Estimated enrollment is 750 participants. Eligibility is restricted to males aged 18 years and older, with no upper age limit recorded, and healthy volunteers are not accepted. The single listed condition is metastatic castration-resistant prostate cancer. The "chemotherapy-naive" qualifier in the official title is the other key inclusion detail: the study is enrolling men who have not yet received chemotherapy for their advanced disease, which positions the combination earlier in the treatment sequence than a salvage setting would.

Timeline and where it sits

The status module records a start date of November 28, 2025, a study-first-posted date of October 9, 2025, and an estimated primary completion date of January 7, 2030. The record was last updated and posted on June 18, 2026, and the overall status is recruiting. Because the primary endpoint is overall survival with completion estimated for early 2030, any efficacy readout is years out; what the June 18, 2026 record establishes is the trial's existence, structure, and stated objective.

For readers following the sector, the registry entry is deliberately narrow about what it asserts. It does not claim that xaluritamig plus abiraterone works better than standard therapy — it defines a comparison and the measure that will decide it. The interventions are named precisely: xaluritamig (IV), abiraterone acetate (oral), docetaxel (IV), and cabazitaxel (IV). The comparison is overall survival. The population is chemotherapy-naive mCRPC. Those are the load-bearing facts in the public record.

Why does the modality matter beyond this one trial? T-cell engagers have reshaped parts of blood-cancer treatment, but extending them to solid tumors like prostate cancer has been harder, because solid tumors are denser and less accessible to immune cells than circulating cancers. A Phase 3 overall-survival trial of a T-cell engager in a common solid tumor is therefore a notable data point in that broader effort — not because of any result, which does not yet exist, but because of where the program now sits in development. The record documents a 750-patient, survival-powered Phase 3 study in a public government registry that any reader can consult directly.

It also helps to understand the term "castration-resistant," because it defines who these patients are. Prostate tumors typically depend on androgens to grow, so the first line of treatment lowers those hormones — medically or surgically — to starve the cancer. Castration-resistant disease means the tumor has found ways to keep growing despite those hormone levels being driven down. That is why abiraterone, which blocks an enzyme involved in androgen synthesis even further upstream, is a standard tool in this setting, and why the record uses it both inside the experimental combination and as one of the investigator's-choice control options. The registry does not editorialize on prognosis; it enrolls this defined, treatment-resistant population and measures survival.
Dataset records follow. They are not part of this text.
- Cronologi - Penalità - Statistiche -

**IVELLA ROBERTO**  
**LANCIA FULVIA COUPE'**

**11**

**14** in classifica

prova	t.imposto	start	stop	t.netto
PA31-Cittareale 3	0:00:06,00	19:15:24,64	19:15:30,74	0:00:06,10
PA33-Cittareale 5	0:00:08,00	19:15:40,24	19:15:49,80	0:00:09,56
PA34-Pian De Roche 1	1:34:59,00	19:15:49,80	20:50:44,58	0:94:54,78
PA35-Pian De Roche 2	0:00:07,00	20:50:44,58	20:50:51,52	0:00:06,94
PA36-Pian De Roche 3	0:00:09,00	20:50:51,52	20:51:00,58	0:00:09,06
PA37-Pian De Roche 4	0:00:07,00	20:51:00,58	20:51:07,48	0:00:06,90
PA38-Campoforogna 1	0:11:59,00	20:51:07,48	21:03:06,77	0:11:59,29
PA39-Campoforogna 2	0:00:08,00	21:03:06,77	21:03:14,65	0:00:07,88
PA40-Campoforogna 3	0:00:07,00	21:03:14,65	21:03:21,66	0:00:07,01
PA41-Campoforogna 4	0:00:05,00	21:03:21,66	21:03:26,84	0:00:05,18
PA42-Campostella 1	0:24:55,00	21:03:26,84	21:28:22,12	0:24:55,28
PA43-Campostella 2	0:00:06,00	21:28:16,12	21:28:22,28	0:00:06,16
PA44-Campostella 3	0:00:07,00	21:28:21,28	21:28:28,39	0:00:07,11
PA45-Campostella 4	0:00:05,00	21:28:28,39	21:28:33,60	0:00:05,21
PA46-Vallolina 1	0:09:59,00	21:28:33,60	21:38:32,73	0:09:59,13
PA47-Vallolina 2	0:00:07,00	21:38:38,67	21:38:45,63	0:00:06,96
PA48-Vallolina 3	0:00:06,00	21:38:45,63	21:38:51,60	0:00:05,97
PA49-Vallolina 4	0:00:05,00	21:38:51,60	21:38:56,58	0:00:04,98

The practical takeaway for a generalist reader is simple. Amgen is testing whether its immune-engaging drug, added to an established hormonal therapy, extends life in men with advanced, treatment-resistant prostate cancer compared with the chemotherapy and hormonal options doctors use today. The trial is recruiting, the bar is overall survival, and the answer is several years away — but the structure of the question is now on the public record.